If the speed of the nanopores continues to increase, then that could change when read-until actually makes sense. For example, if the pores really do someday run at 500b/s, and most PCR amplicons are only 2500 bases or shorter (which is quite common), then the amplicons are only 5 seconds long -- not much time to make a decision. Still, even at 1000 bases per second a 50 kilobase molecule would be nearly a minute long, and so could be useful to avoid if it is an uninteresting 50 kilobase molecule.
Come Plow Some New Ground!
If you're a programmer type, here is why I think you should get excited about this problem and start working on it. First, advances in this space could have a sizable impact on point-of-care healthcare, which could change, for example, how we decide which antibiotics to use for infections (or whether to use them at all. But the other side of the coin is that this is a nearly un-plowed field in bioinformatics, and we have far too many with absurdly deep furrows.
Take, for example, if you wish to align the output from the market-dominant Illumina machines to a known genome. Somewhere in the neighborhood of 100 different programs have been published for this task (another blogger ranted about this situation a few years ago, when there were only about 70). Very few of these are in wide use, because they are particularly good or work well under some special condition (such as very low cost, low memory hardware). Many were mostly demonstrations of this algorithmic idea or that piece of specialized hardware. Many were developed simultaneously. Some probably don't have any clear reason for existing. Few are published with truly solid benchmarks; all too often the benchmarking is either absent or against some set of obsolete aligners of no interest to the community.
And that's just one problem. We have fleets of de novo assemblers, and again there is a small set which have ever seen much use and rarely does a new program truly improve on the best of the existing. There are long queues of programs to do paired end merging, in which you have two sequences that map overlap at their ends by a tiny amounts. This is useful but incremental to other processes. Hordes of tools to trim the ugly bits from the ends of reads. And so on.
But here is a truly demanding problem in which there probably will be multiple optima. Some will wish to do this in a well-established laboratory in the developed world, and so having a power-hungry bank of GPUs will be an option. Others will want to be sequencing field samples by the light (and perhaps power) of a campfire, and will need solutions that use no more than a laptop, tablet or cell phone for compute.
If you do decide to wade into the field, the other mistake I urge you to avoid is to build your code from the ground up. This is the other issue with all those similar programs: they're nearly all built on their own custom platforms.
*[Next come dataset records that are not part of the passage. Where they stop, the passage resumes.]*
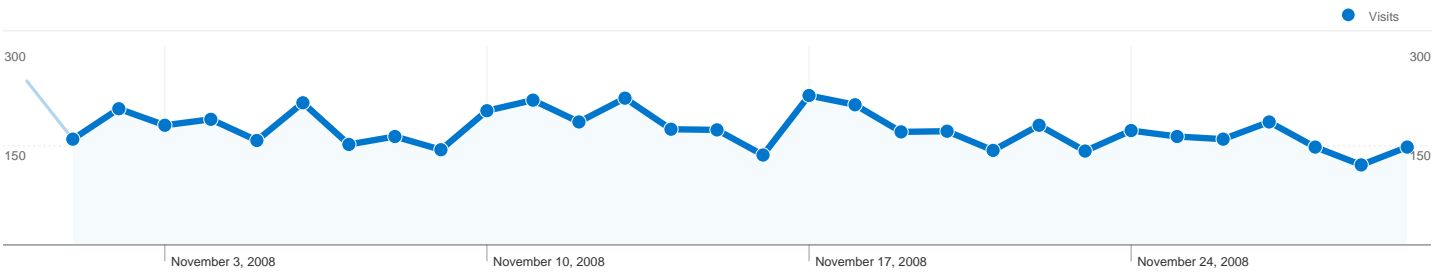

**Site Usage**

**5,232** Visits

**47.25%** Bounce Rate

**20,270** Pageviews

**00:03:37** Avg. Time on Site

**3.87** Pages/Visit

**57.84%** % New Visits

**Visitors Overview**

## 3,340 people visited this site

5,232 Visits

3,340 Absolute Unique Visitors

20,270 Pageviews

3.87 Average Pageviews

00:03:37 Time on Site

47.25% Bounce Rate

57.84% New Visits

## AdWords sent 0 visits via 0 campaigns

Site Usage

<b>Visits</b> <b>0</b> % of Site Total: 0.00%	<b>Pages/Visit</b> <b>0.00</b> Site Avg: 3.87 (-100.00%)	<b>Avg. Time on Site</b> <b>00:00:00</b> Site Avg: 00:03:37 (-100.00%)	<b>% New Visits</b> <b>0.00%</b> Site Avg: 57.84% (-100.00%)	<b>Bounce Rate</b> <b>0.00%</b> Site Avg: 47.25% (-100.00%)	
Campaign	Visits	Pages/Visit	Avg. Time on Site	% New Visits	Bounce Rate
There is no data for this view.					
1 - 0 of 0					

**All traffic sources sent a total of 5,232 visits**

-  **21.10%** Direct Traffic
-  **11.58%** Referring Sites
-  **67.30%** Search Engines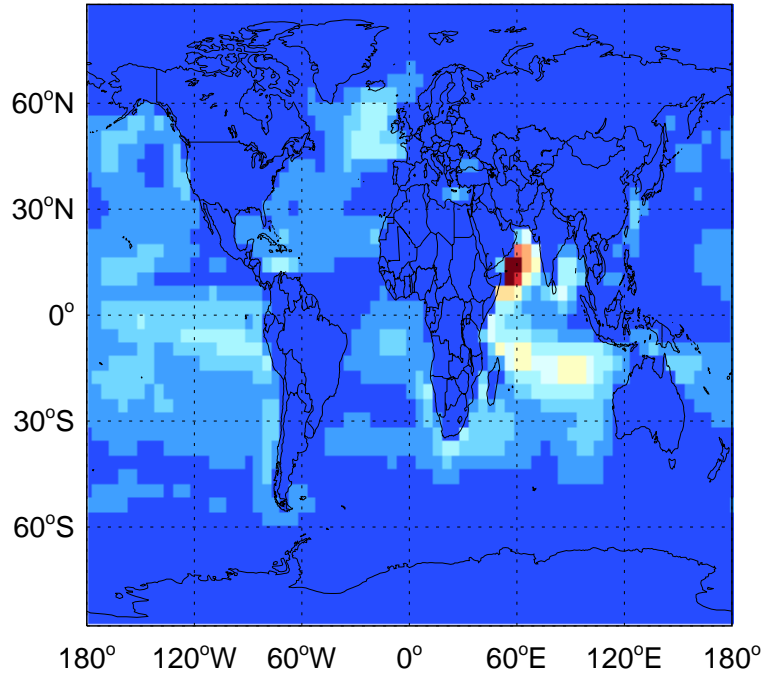

GEOS-Chem Emission Maps

v11-01-public-Run0

DMS biogenic emissions for Jul

0.00e+00 3.66e+06 7.31e+06 kg S

v11-02a

DMS biogenic emissions for Jul

0.00e+00 3.66e+06 7.31e+06 kg S

v11-02c

Nice would be to just have consistent command line argument or configuration file conventions; better would be if these tools actually improved each other. But that is rarely the case. If you like Python, there is Poretools, and if you like R there is poRe. Java aficianados already have two packages to choose from (can one can hold out hope for a future merger?), HPG Pore and npReader. Alas, if you like Julia there isn't anything there, though the first user-created code ever released to the Oxford Nanopore community was written in Julia.
So, anybody want to dive into the brand new world of real time selective sequencing?